● What is needed: An exact transcript is required of the lines below, from the one containing "1. FIX THE METAL CLIP" through the very last; leave every picture out of it.

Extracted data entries
━━━━━━━━━━
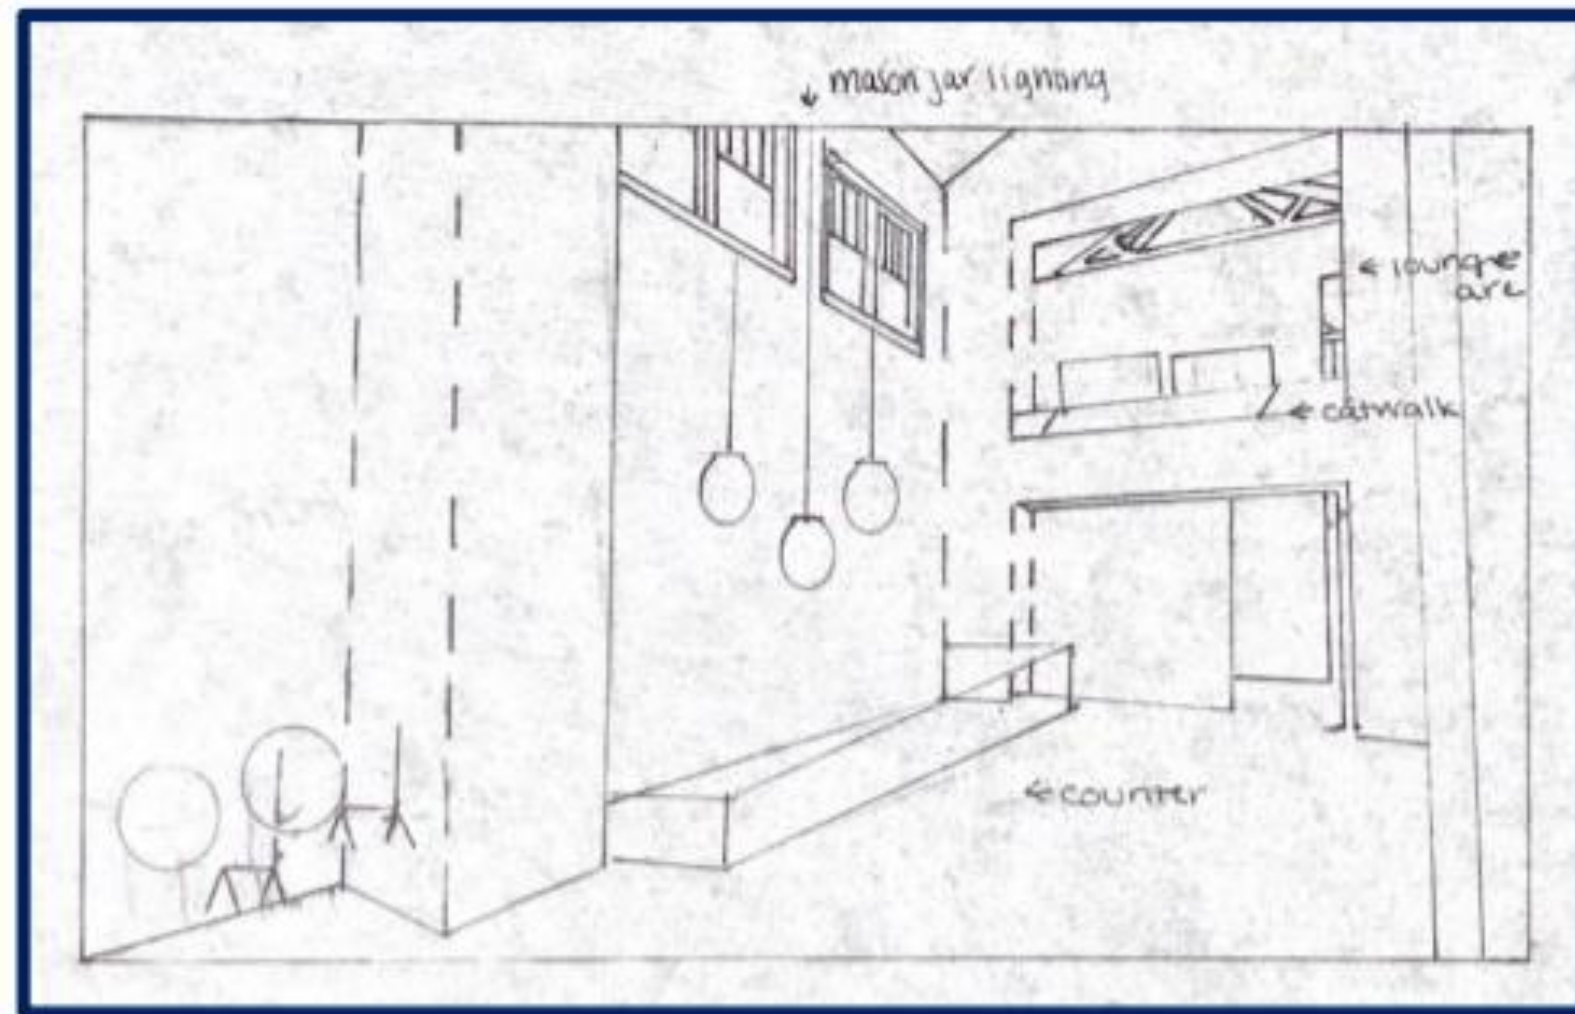

Allison Casper
IDSN 2102 F20
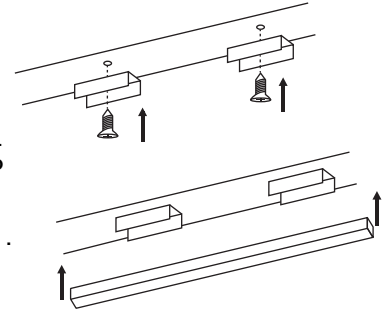

XL marlin Lighting

Linear Profile 50 (XLLS5095AB) Installation Instruction

The user: thank you for your purchase use this product, read this instruction manual before usage

1. Model: XLLS5095AB
2. Rated Voltage: 180-240 V 50/60 Hz
3. IP Grade: IP44
4. Operating Temperature: -20 to +40

Steel Wire

Mounting Clip

Recessed Installation clip

End cap

- Always disconnect the power supply before installing or performing any maintenance operations.
- Installation should be carried out by a suitably qualified person in accordance with good electrical practice and the appropriate national wiring regulations.
- These luminaires are widely used in commercial lighting, home decoration lighting, art gallery and museums.
- Only can be touched after 3 minutes later when power off, so as to avoid burns.
- Dismantling and refit are forbidden
- Installation on inflammables is forbidden.

Surface Mounting Installation

1. FIX THE METAL CLIP
2. PRESS THE CHANNEL INTO THE METAL CLIP
3. CONNECT THE CABLE .
LIVE LINE FOR L TERMINAL,
NULL LINE FOR N TERMINAL,
GROUND LINE FOR E TERMINAL.

Recessed Mounting Installation

1. PLACE THE LINEAR IN DESIRED PLACE
2. ATTACH THE RECESSED CLIP TO LINEART
3. FASTEN THE CLIP NUT
4. CONNECT THE CABLE .
LIVE LINE FOR L TERMINAL,
NULL LINE FOR N TERMINAL,
GROUND LINE FOR E TERMINAL.
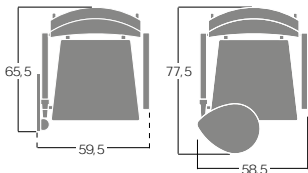

Overall dimensions in cm

S0741 with tablet MTAV742P (non stacking)
━━━━━━━━━━
● Exercise response:
1. FIX THE METAL CLIP
2. PRESS THE CHANNEL INTO THE METAL CLIP
3. CONNECT THE CABLE .
LIVE LINE FOR L TERMINAL,
NULL LINE FOR N TERMINAL,
GROUND LINE FOR E TERMINAL.

Recessed Mounting Installation

1. PLACE THE LINEAR IN DESIRED PLACE
2. ATTACH THE RECESSED CLIP TO LINEART
3. FASTEN THE CLIP NUT
4. CONNECT THE CABLE .
LIVE LINE FOR L TERMINAL,
NULL LINE FOR N TERMINAL,
GROUND LINE FOR E TERMINAL.

Overall dimensions in cm

S0741 with tablet MTAV742P (non stacking)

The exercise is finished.